L’exécutif se refuse toujours à donner un coup de pouce au Smic, jugeant qu’une telle mesure peut dégrader la compétitivité des entreprises et pénaliser les plus petites structures.

En annonçant, lundi 10 décembre dans son discours télévisé prononcé depuis l’Elysée, une progression du Smic à hauteur de 100 € nets par mois « dès 2019 », Emmanuel Macron a satisfait l’une des revendications des « gilets jaunes ». Mais la précision du président de la République selon laquelle l’augmentation du salaire minimum interprofessionnel de croissance se fera « sans qu’il en coûte 1 € de plus pour l’employeur », laisse planer des incertitudes quant à la méthode employée.

Pas de coup de pouce

L’exécutif se refuse toujours à donner un coup de pouce au Smic, jugeant qu’une telle mesure peut dégrader la compétitivité des entreprises et pénaliser les plus petites structures. Le 1er janvier 2019, la hausse du salaire minimum, actuellement à 1 498,47 € bruts par mois pour un temps plein, doit atteindre environ 1,8 %. Mais cette mesure résultera de la seule application de la formule de revalorisation automatique prévue par le Code du travail.

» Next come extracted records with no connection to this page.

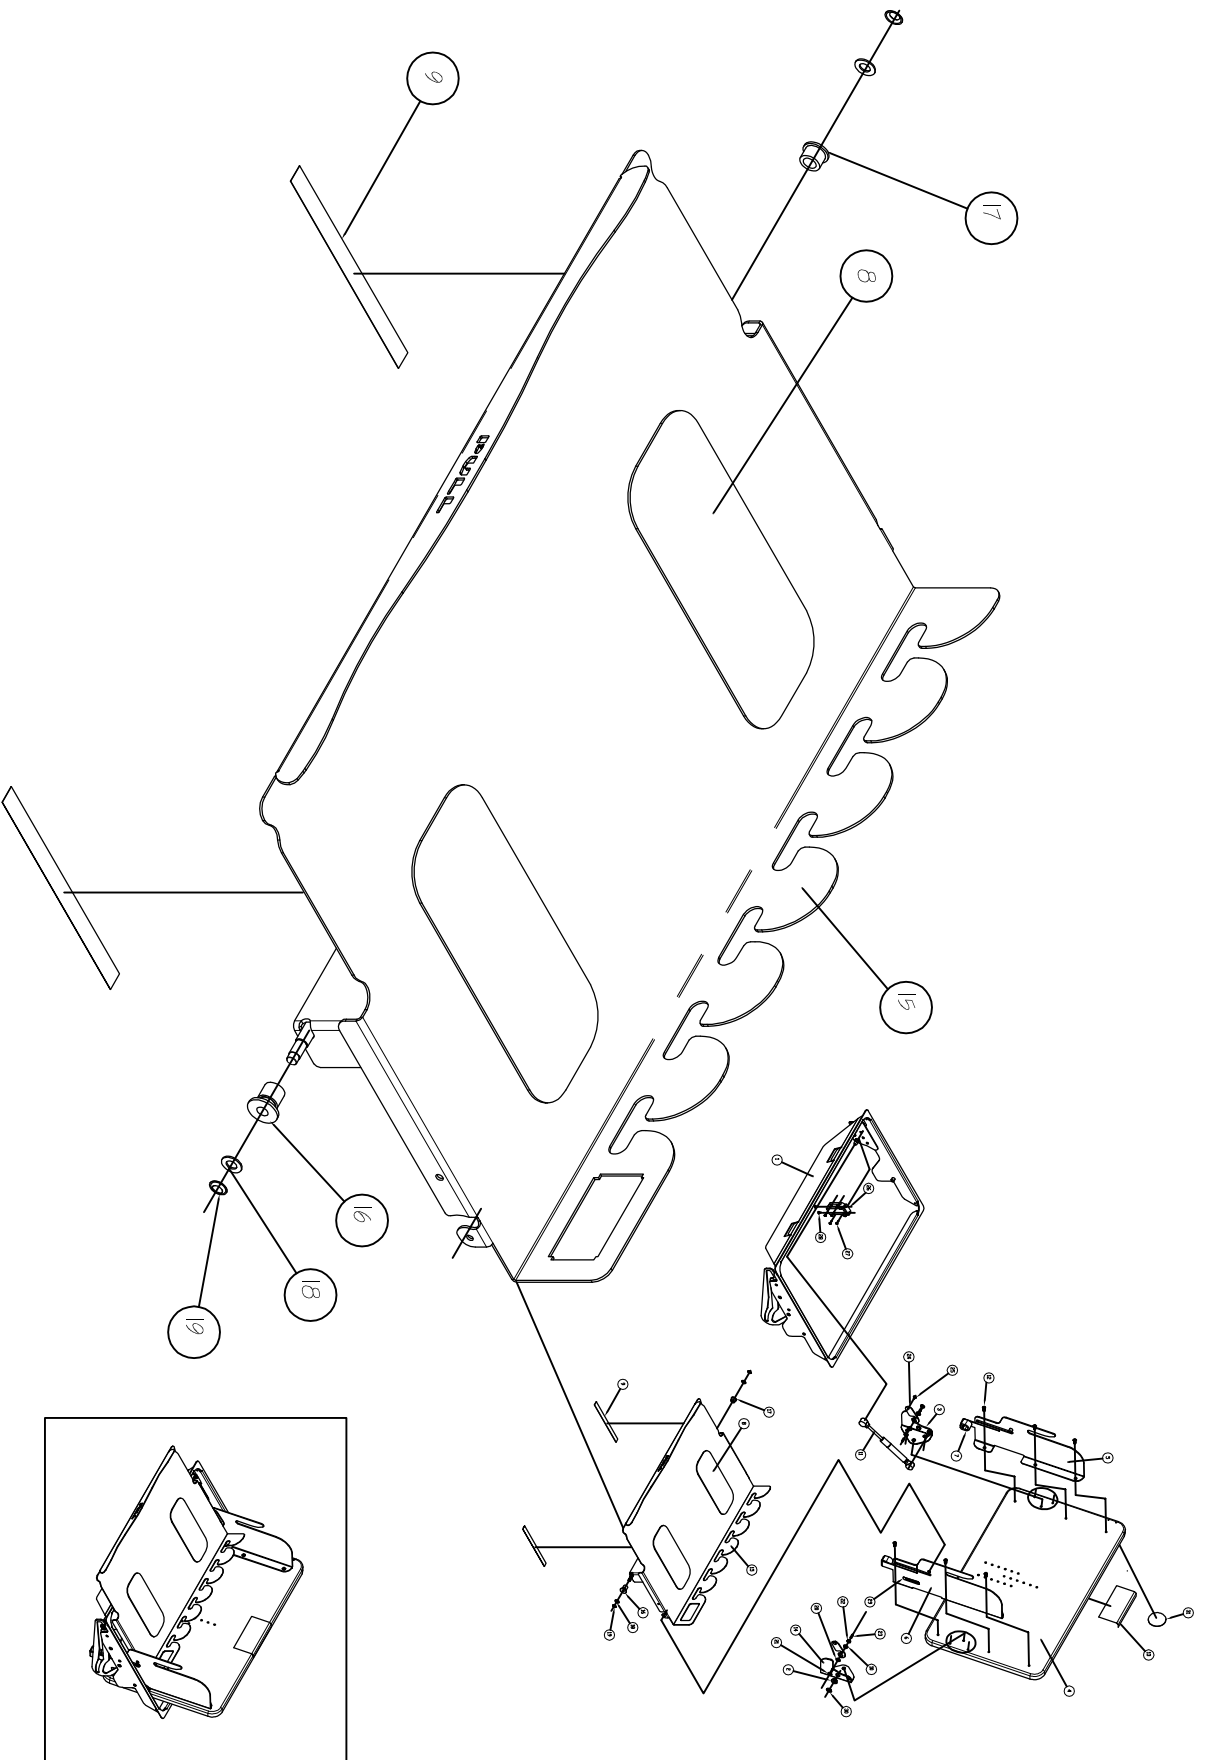

WK# 29257 - FLL LAPTOP 23" (4 out of 4)

March 2009

© 2009 CBT Supply, Inc. dba SMARTdesks. All Rights Reserved.

SMARTdesks™
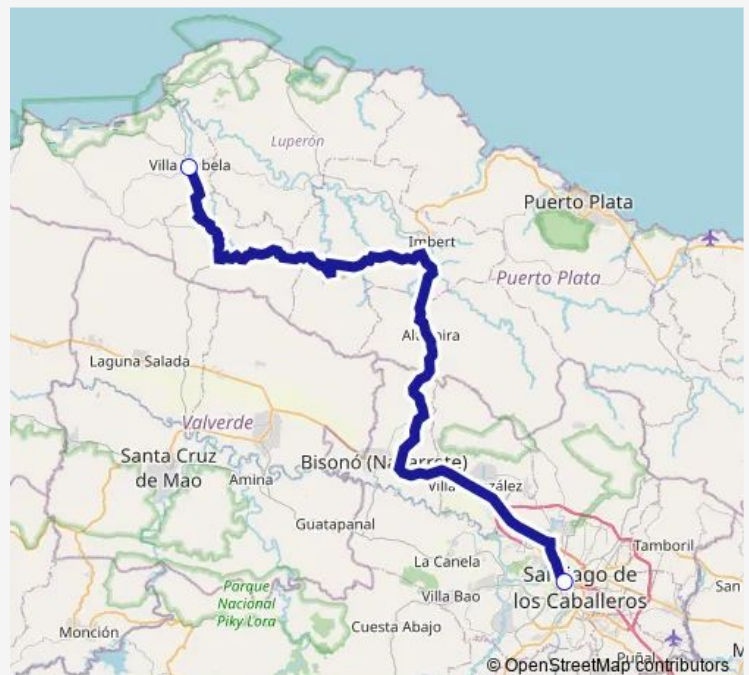

## Bus Int 14 Ruta La Isabela-Santiago

[Go to website](#)

### Direction

Terminal Santiago 10 — Terminal La Isabela 1

2 stops

[Open route schedule](#)

Terminal Santiago 10

Terminal La Isabela 1

### Route schedule

Terminal Santiago 10 — Terminal La Isabela 1

Monday	06:00
Tuesday	06:00
Wednesday	06:00
Thursday	06:00
Friday	06:00
Saturday	06:00
Sunday	06:00

### Route info

Direction: Terminal Santiago 10

Stops: 2

Trip Duration: 1 hour 13 min

■ Int 14 — Ruta La Isabela-Santiago

**Direction**

Terminal La Isabela 1 — Terminal Santiago 10

2 stops
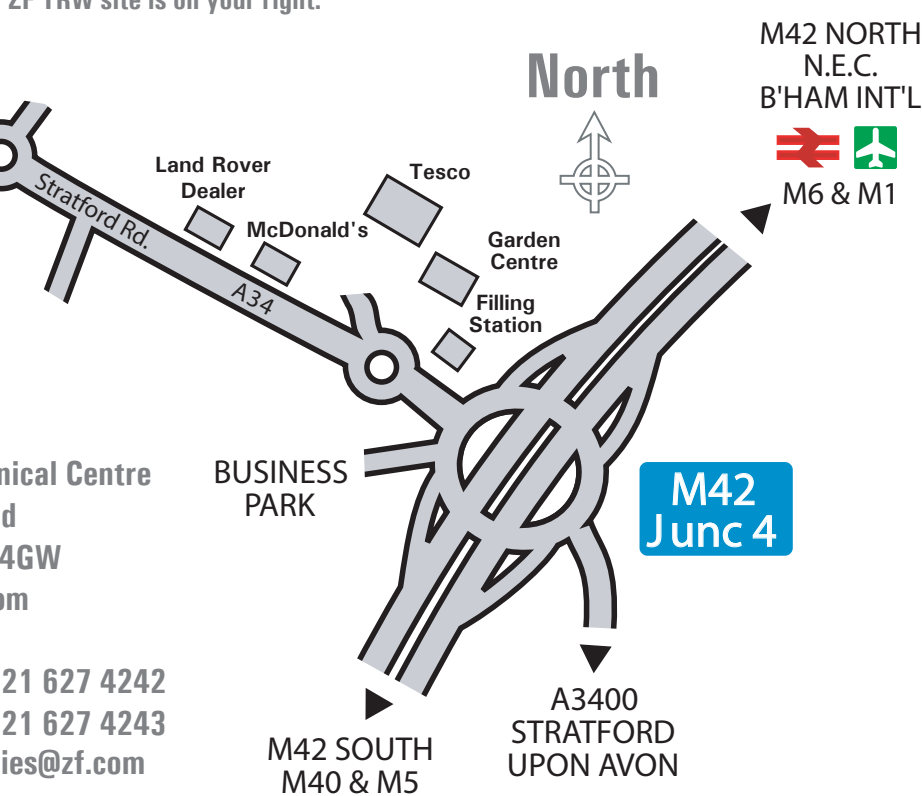

M42 NORTH
N.E.C.
B'HAM INT'L

M6 & M1

M42
Junc 4

M42 SOUTH
M40 & M5

A3400
STRATFORD
UPON AVON
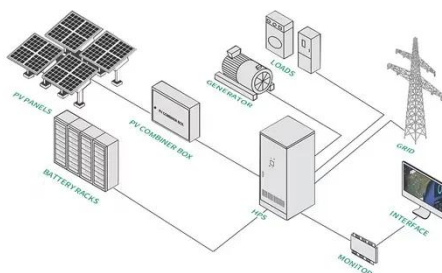

GivEnergy GivEnergy inverter serial number (SN) can be found on the right side of the unit.

[Get Price](#)

What is the serial number of the photovoltaic inverter

If you have an inverter with a serial number for the lower Communication Unit (CU) and a different number for the upper Power Unit (PU), register your product using the serial number shown

...

[Get Price](#)

Ways of finding a serial number of a Sunsynk Inverter

Inverter serial number can also be identified from the inverter LCD, on the

right bottom of the LCD screen inverter serial number can be seen. Following is the image attached for the reference.

[Get Price](#)

Where is the sn code of the Gurui Watt photovoltaic inverter

The SMA Sunny Boy SB6.0 is a 6,000 watt AC output grid-tied PV solar inverter that features 3 independent MPPT channels, a 2,000 watt off-grid secure power supply, lifetime monitoring, and an ...
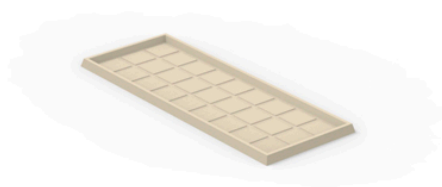

Jardiniere tray 25x65

Info

Description

Pot made of polyethylene resin by rotational moulding. 100% Recyclable. Item suitable for indoor and outdoor use. Available in different finishes.

Weight: 0.28 Kg

PLATO JARDINERA 25 x 65 cm
JARDINIERE PLATE 9³/₄" x 25¹/₂"

Finishes

finishes

SIMPLE
Ref. 43025

orange

ice

notte blue

crema

green
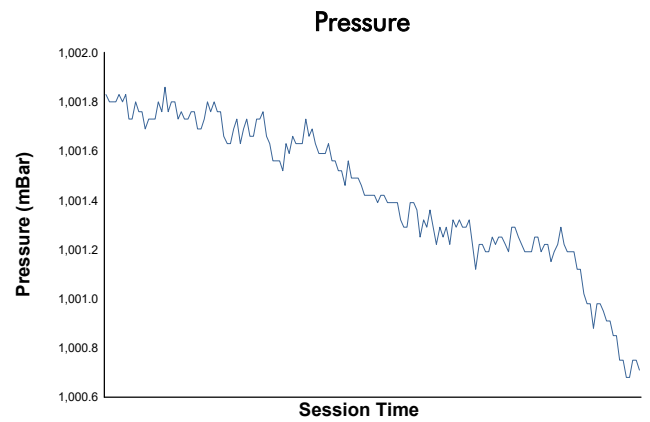

PORSCHE SPRINT CHALLENGE SOUTHERN EUROPE

PRIVATE TESTING THURSDAY

Private Testing 1

Weather Report

Track Status: **DRY**
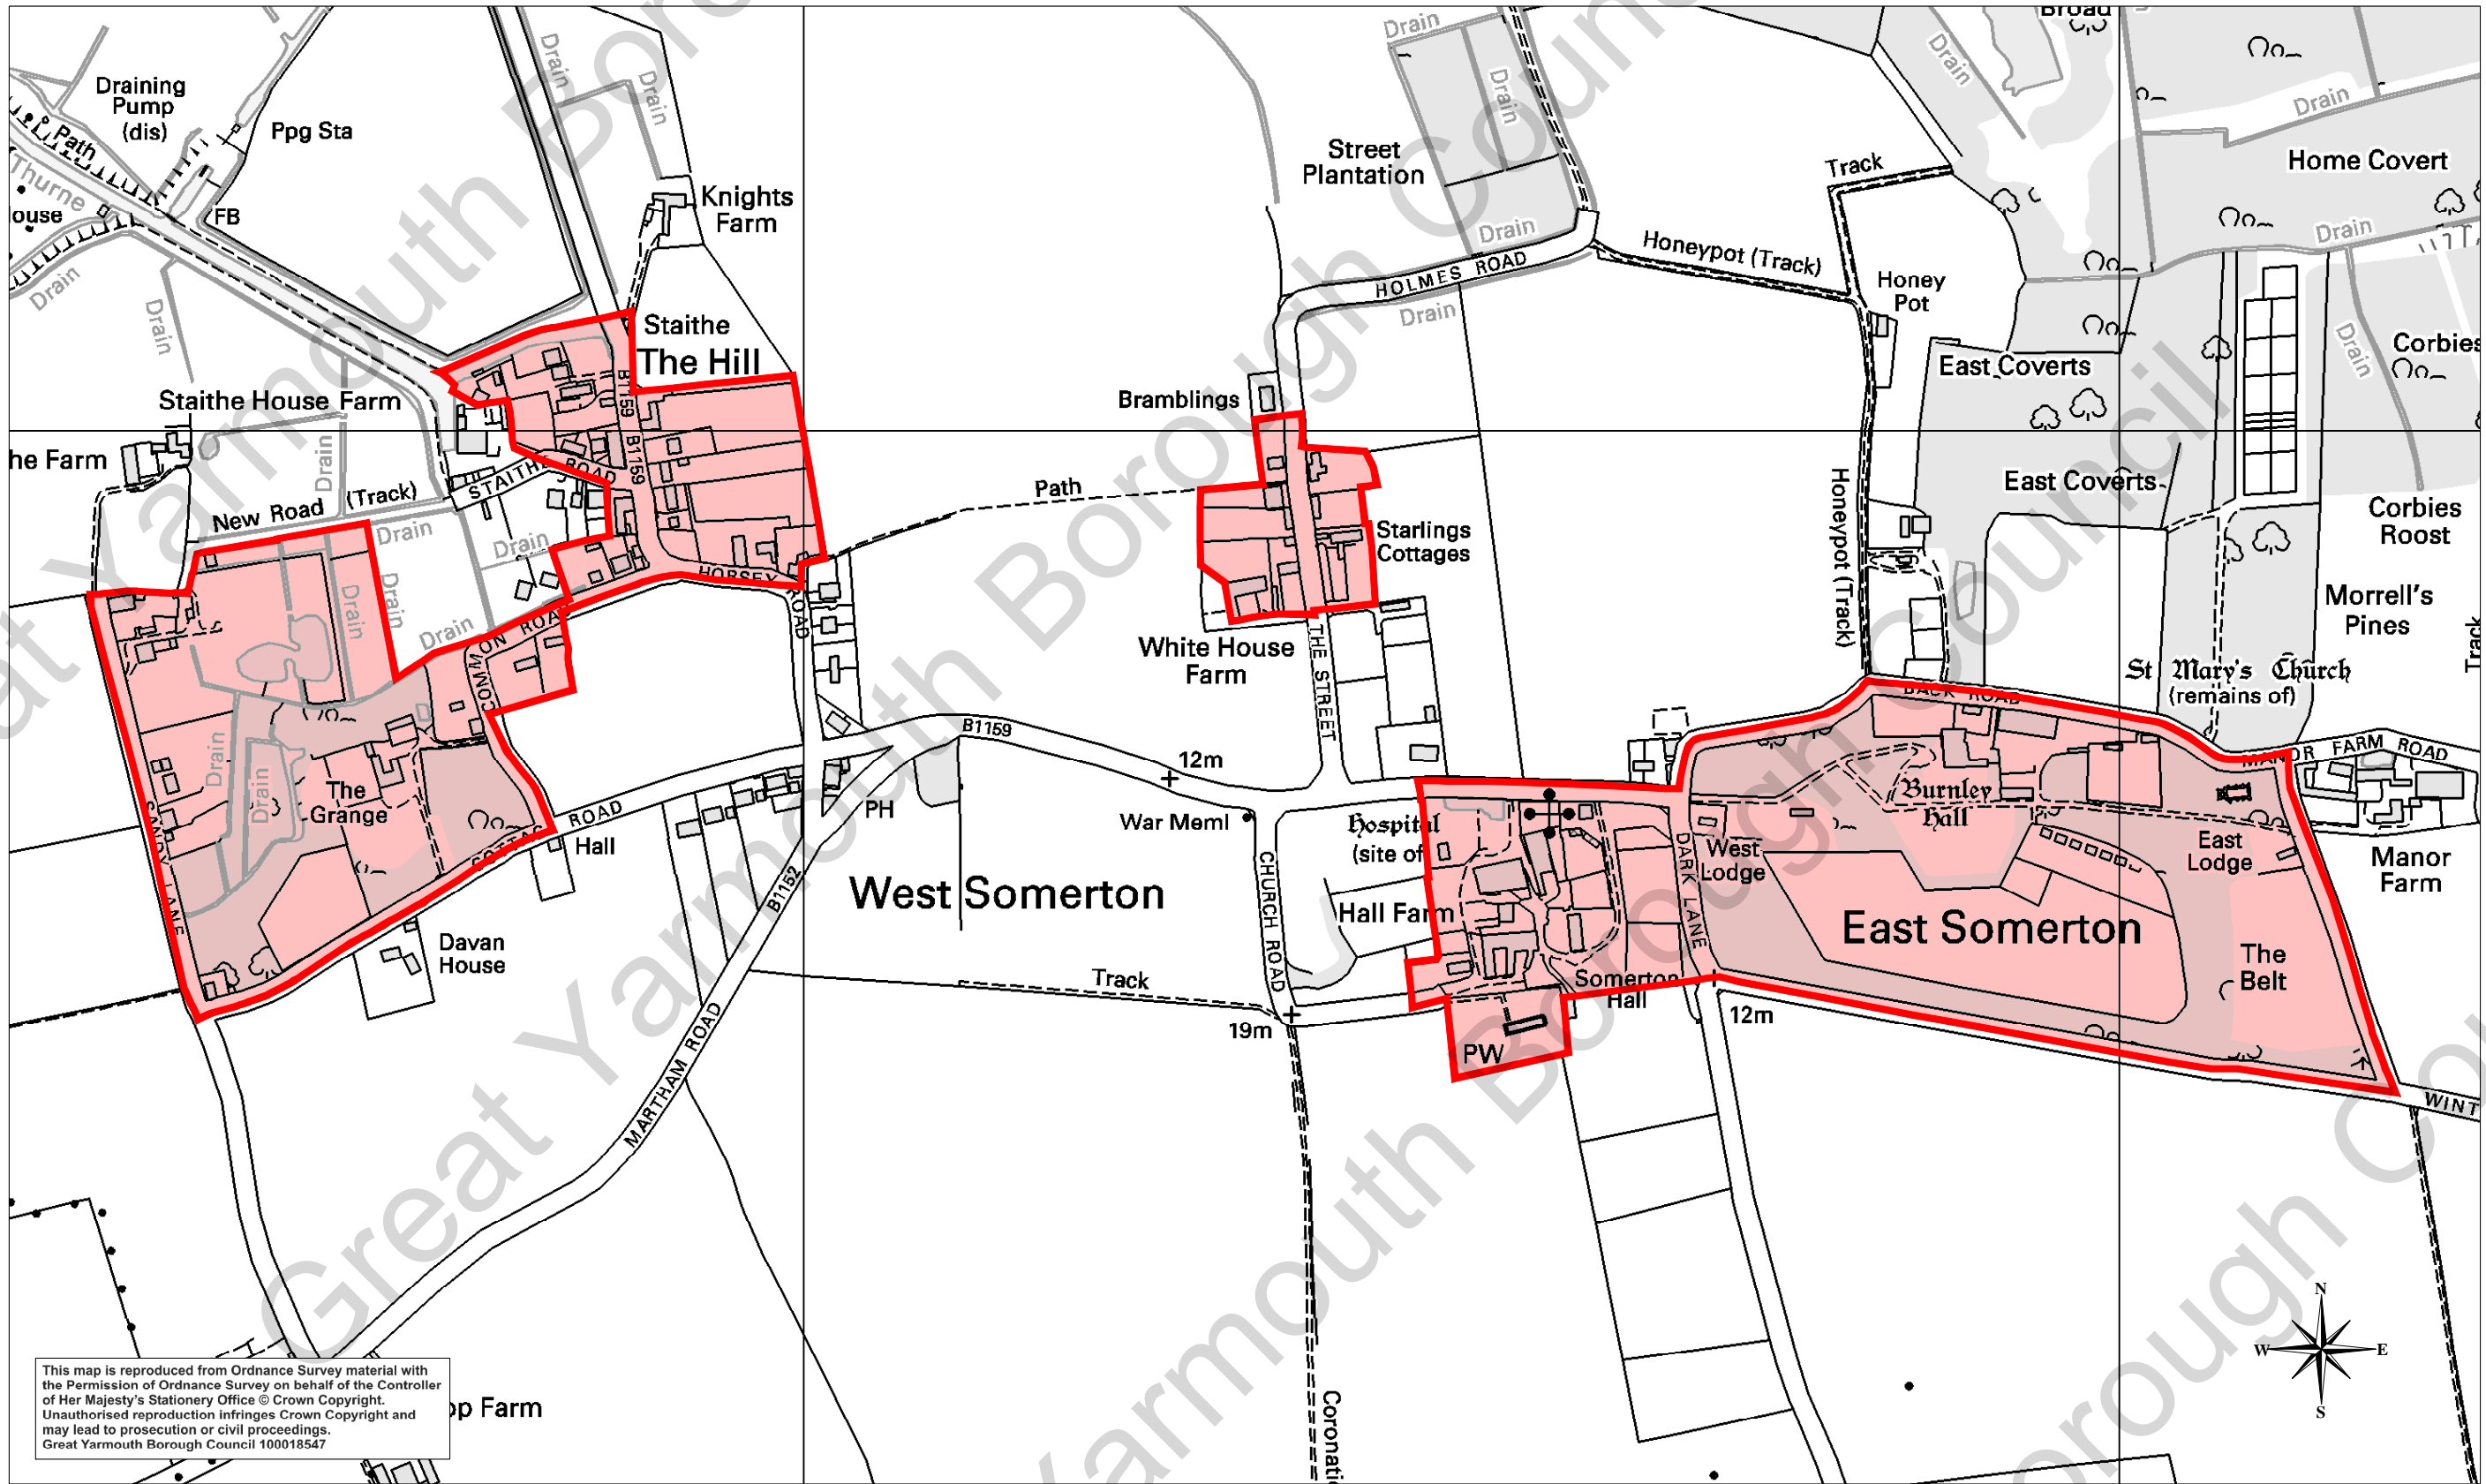

Conservation Area No.13 - East & West Somerton

This map is reproduced from Ordnance Survey material with the Permission of Ordnance Survey on behalf of the Controller of Her Majesty's Stationery Office © Crown Copyright. Unauthorised reproduction infringes Crown Copyright and may lead to prosecution or civil proceedings. Great Yarmouth Borough Council 100018547

Operator:	
Section:	
Drawing No:	
Date: 05:11:09	Scale: 1:5000

Le secrétaire d’Etat auprès du ministre de l’Education nationale et de la jeunesse, Gabriel Attal, a détaillé mardi les deux voies permettant d’aboutir à une augmentation de 100 €. « Ça peut être [une hausse de] la prime d’activité, des baisses de cotisations ou de charges », a-t-il expliqué sur LCI.

Muriel Pénicaud avait elle expliqué mardi sur France 2 que la progression vantée par Emmanuel Macron « inclut la revalorisation du Smic qui est déjà prévue ». Selon la ministre du Travail, « le reste ça va être la solidarité, ça va être le budget de l’Etat qui va permettre de compléter ces salaires ». Laissant accréditer l’hypothèse d’un bond de la prime d’activité.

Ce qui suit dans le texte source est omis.